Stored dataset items
'''
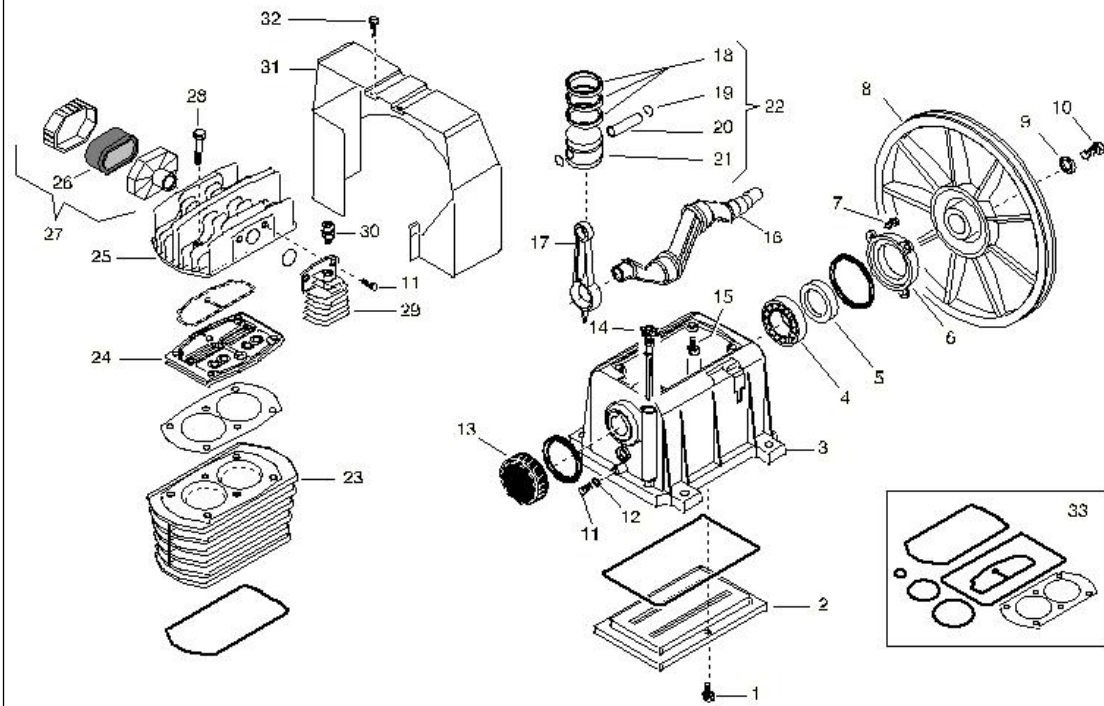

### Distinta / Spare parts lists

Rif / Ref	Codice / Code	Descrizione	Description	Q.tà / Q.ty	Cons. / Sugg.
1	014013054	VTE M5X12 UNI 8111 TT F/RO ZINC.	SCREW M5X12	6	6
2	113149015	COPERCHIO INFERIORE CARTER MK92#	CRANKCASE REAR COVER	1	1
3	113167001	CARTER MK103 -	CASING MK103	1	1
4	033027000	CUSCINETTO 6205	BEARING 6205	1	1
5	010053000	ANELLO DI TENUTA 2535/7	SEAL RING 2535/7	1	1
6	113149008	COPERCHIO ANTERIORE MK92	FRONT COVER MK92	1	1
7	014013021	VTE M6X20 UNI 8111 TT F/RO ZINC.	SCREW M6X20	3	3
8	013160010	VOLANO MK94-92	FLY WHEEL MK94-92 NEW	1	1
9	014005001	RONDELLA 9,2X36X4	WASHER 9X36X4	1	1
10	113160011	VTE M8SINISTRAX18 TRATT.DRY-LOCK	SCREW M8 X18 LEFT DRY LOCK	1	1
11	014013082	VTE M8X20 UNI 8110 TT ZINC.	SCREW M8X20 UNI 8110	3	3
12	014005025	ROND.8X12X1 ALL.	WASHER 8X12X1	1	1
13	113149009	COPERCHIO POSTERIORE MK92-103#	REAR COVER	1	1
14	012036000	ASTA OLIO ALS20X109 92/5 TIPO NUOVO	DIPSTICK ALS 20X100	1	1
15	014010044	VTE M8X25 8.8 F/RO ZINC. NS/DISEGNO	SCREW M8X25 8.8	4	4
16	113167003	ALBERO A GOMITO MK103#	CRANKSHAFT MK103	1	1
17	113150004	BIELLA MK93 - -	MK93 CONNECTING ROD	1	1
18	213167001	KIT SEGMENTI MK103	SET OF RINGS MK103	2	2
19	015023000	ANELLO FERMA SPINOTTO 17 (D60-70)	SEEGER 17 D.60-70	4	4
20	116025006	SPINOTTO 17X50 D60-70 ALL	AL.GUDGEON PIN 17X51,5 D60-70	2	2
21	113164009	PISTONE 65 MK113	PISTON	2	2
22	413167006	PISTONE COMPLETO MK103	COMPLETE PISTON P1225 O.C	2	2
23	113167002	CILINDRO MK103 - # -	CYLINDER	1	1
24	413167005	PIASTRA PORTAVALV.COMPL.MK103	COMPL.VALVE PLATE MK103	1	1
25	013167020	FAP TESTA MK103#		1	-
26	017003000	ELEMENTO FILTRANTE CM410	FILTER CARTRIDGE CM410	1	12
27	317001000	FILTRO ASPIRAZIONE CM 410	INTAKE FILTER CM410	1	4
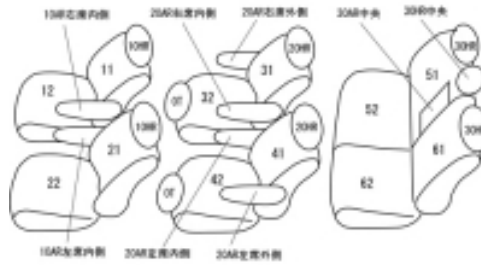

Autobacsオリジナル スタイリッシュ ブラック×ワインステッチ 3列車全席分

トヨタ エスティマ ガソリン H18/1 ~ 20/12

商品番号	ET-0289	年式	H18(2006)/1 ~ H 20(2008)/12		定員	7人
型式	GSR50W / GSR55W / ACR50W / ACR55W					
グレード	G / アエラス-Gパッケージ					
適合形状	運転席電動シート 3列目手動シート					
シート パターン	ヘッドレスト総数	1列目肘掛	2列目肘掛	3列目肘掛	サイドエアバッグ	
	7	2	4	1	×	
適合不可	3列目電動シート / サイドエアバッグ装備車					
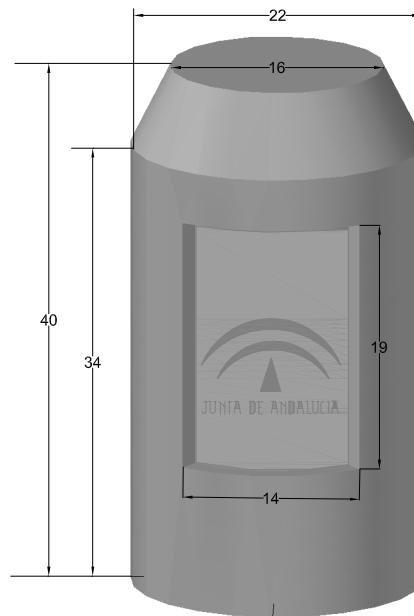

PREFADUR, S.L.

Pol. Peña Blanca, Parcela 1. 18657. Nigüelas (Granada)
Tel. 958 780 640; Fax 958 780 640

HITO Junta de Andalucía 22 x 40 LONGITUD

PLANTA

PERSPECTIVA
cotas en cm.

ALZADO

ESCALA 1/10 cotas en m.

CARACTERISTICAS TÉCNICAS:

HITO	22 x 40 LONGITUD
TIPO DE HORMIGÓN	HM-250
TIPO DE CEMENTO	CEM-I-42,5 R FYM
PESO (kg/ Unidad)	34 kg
'''
→ **Assignment**
The lines above starting at the one that holds "Autobacsオリジナル スタイリッシュ ブラック×ワインステッチ 3列車全席分" and ending at the one that holds "Tel. 958 780 640; Fax 958 780 640" are to be written out exactly, ends included, and no pictures are to be copied.

→ **Answer space**
Autobacsオリジナル スタイリッシュ ブラック×ワインステッチ 3列車全席分

トヨタ エスティマ ガソリン H18/1 ~ 20/12

商品番号	ET-0289	年式	H18(2006)/1 ~ H 20(2008)/12		定員	7人
型式	GSR50W / GSR55W / ACR50W / ACR55W					
グレード	G / アエラス-Gパッケージ					
適合形状	運転席電動シート 3列目手動シート					
シート パターン	ヘッドレスト総数	1列目肘掛	2列目肘掛	3列目肘掛	サイドエアバッグ	
	7	2	4	1	×	
適合不可	3列目電動シート / サイドエアバッグ装備車					

PREFADUR, S.L.

Pol. Peña Blanca, Parcela 1. 18657. Nigüelas (Granada)
Tel. 958 780 640; Fax 958 780 640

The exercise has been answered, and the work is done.